Jelena Mijatović (Јелена Мијатовић; born 2 June 1977) is a politician in Serbia. She has served in the National Assembly of Serbia since 2012 as a member of the Serbian Progressive Party.

==Private career==
Mijatović is a kindergarten teacher based in Belgrade.

==Political career==
Mijatović received the forty-second position on the Progressive Party's Let's Get Serbia Moving electoral list in the 2012 Serbian parliamentary election and was elected when the list won seventy-three mandates. The Progressive Party became the dominant party in a new coalition government after the election, and Mijatović served as part of the government's parliamentary majority. She was promoted to the thirty-third position on the Progressive-led list in the 2014 election and the twenty-seventh position in 2016 election and was re-elected on both occasions when the list won majority victories.

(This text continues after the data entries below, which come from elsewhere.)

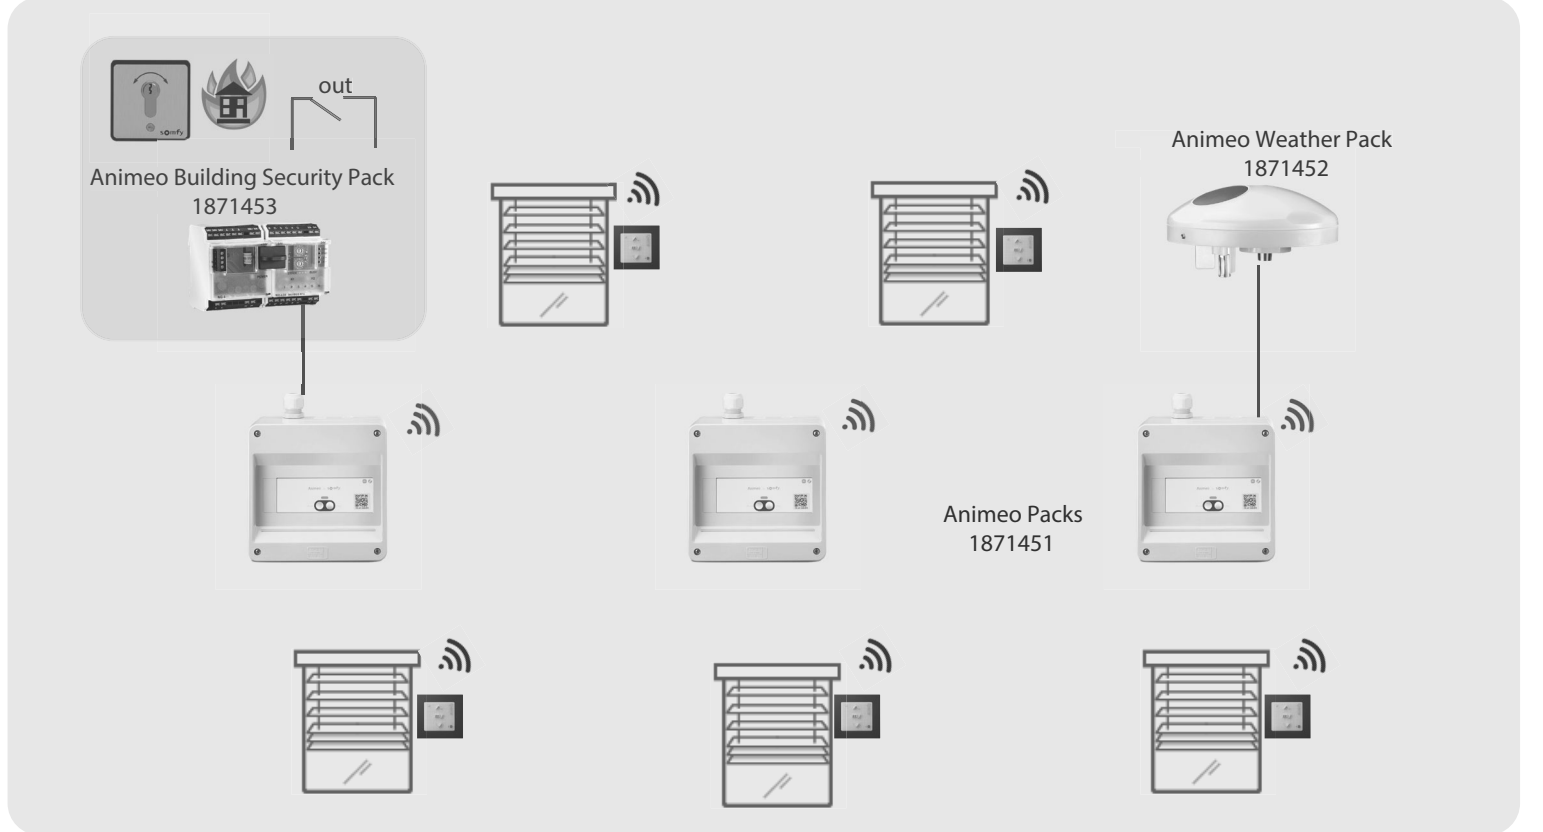

# Animeo Building Security Pack

1871453

5148219B

EN: Lightning protection recommended.  
FR: Une protection contre la foudre est recommandée.  
NL: Bliksembeveiliging wordt aanbevolen.  
DA: Beskyttelse mod lynnedslag anbefales.  
NO: Beskyttelse mot lynnedslag anbefales.  
SV: Blixtskydd rekommenderas.  
FI: Suositellaan salamasuojausta.

In the 2016–20 parliament, Mijatović was a member of the assembly committee on Kosovo-Metohija, the committee on the rights of the child, and the committee on the economy, regional development, trade, tourism, and energy; a deputy member of the defence and internal affairs committee and the committee on administrative, budgetary, mandate, and immunity issues; a member of Serbia's delegation to the assembly of the Inter-Parliamentary Union; the head of Serbia's parliamentary friendship groups with Portugal and Turkmenistan; and a member of the parliamentary friendship groups with Algeria, Armenia, Austria, Azerbaijan, Belarus, China, Cuba, Germany, Greece, Israel, India, Iran, Japan, Kazakhstan, Myanmar, Palestine, Russia, Slovakia, South Africa, Turkey, and the United States of America.

She received the thirty-fourth position on the Progressive Party's list in the 2020 Serbian parliamentary election and was elected to a fourth term when the list won a landslide majority with 188 mandates. She is now the deputy chair of the committee on the rights of the child, a member of the defence committee, and a deputy member of the security services control committee. She continues to serve in Serbia's delegation to the assembly of the Inter-Parliamentary Union and lead Serbia's friendship group with Turkmenistan, and she is a member of the friendship groups with Azerbaijan, China, France, Israel, Italy, Kazakhstan, Montenegro, Portugal, Russia, Spain, the United Arab Emirates, and the United States of America.